Ruby: Stripping out a non breaking space character (&nbsp;)
A couple of days ago I was playing with some code to scrape data from a web page and I wanted to skip a row in a table if the row didn't contain any text.
I initially had the following code to do that:
rows.each do |row| next if row.strip.empty? # other scraping code end
Unfortunately that approach broke down fairly quickly because empty rows contained a non breaking space i.e. ' '.
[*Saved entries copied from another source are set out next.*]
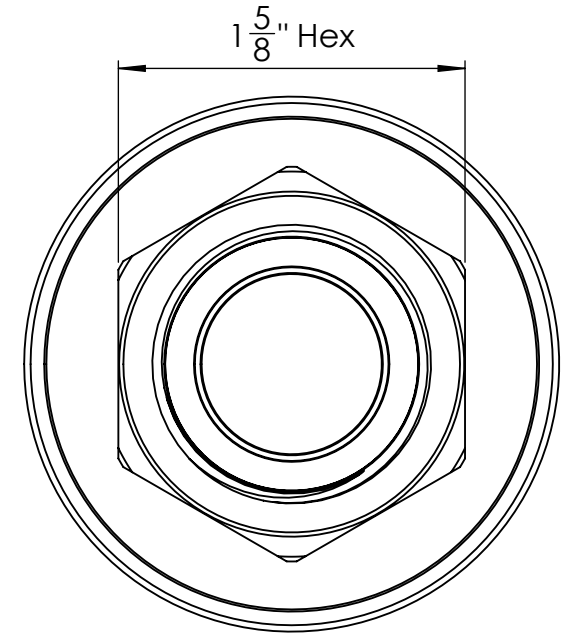

8 7 6 5 4 3 2 1

D  
C  
B  
A

D  
C  
B  
A

1664 KOHLER ROAD  
CAYUGA, ONTARIO CANADA N0A 1E0  
www.battlefield.biz

Cage Code  
**L0078**

UNLESS OTHERWISE SPECIFIED:  
DIMENSIONS ARE IN INCHES  
TOLERANCES:  
FRACTIONAL ±  
ANGULAR: MACH ±  
TWO PLACE DECIMAL ±  
THREE PLACE DECIMAL ±  
INTERPRET GEOMETRIC  
TOLERANCING PER:  
MATERIAL  
FINISH  
DO NOT SCALE DRAWING

COMMENTS:

TITLE: <b>LS16 Coupler, -16AN End, Non-Valved</b>		
PART NO: <b>AB4A7V</b>		
ORDER NO: <b>AB4A7V</b>		
SIZE <b>B</b>	DWG. NO.	REV -
Scale: 1:0.9 WEIGHT:		SHEET 1 OF 1

8 7 6 5 4 3 2 1

If we try called strip on a string containing that character we can see that it doesn't get stripped:
# it's hex representation is A0 > "\u00A0".strip => " " > "\u00A0".strip.empty? => false
I wanted to see whether I could use gsub to solve the problem so I tried the following code which didn't help either:
> "\u00A0".gsub(/\s*/, "") => " " > "\u00A0".gsub(/\s*/, "").empty? => false
A bit of googling led me to this Stack Overflow post which suggests using the POSIX space character class to match the non breaking space rather than '\s' because that will match more of the different space characters.
> "\u00A0".gsub(/[[:space:]]+/, "") => "" > "\u00A0".gsub(/[[:space:]]+/, "").empty? => true
So that we don't end up indiscriminately removing all spaces to avoid problems like this where we mash the two names together...
> "Mark Needham".gsub(/[[:space:]]+/, "") => "MarkNeedham"
...the poster suggested the following regex which does the job:
> "\u00A0".gsub(/\A[[:space:]]+|[[:space:]]+\z/, '') => "" > ("Mark" + "\u00A0" + "Needham").gsub(/\A[[:space:]]+|[[:space:]]+\z/, '') => "Mark Needham"
- \A matches the beginning of the string
- \z matches the end of the string
So what this bit of code does is match all the spaces that appear at the beginning or end of the string and then replaces them with ''.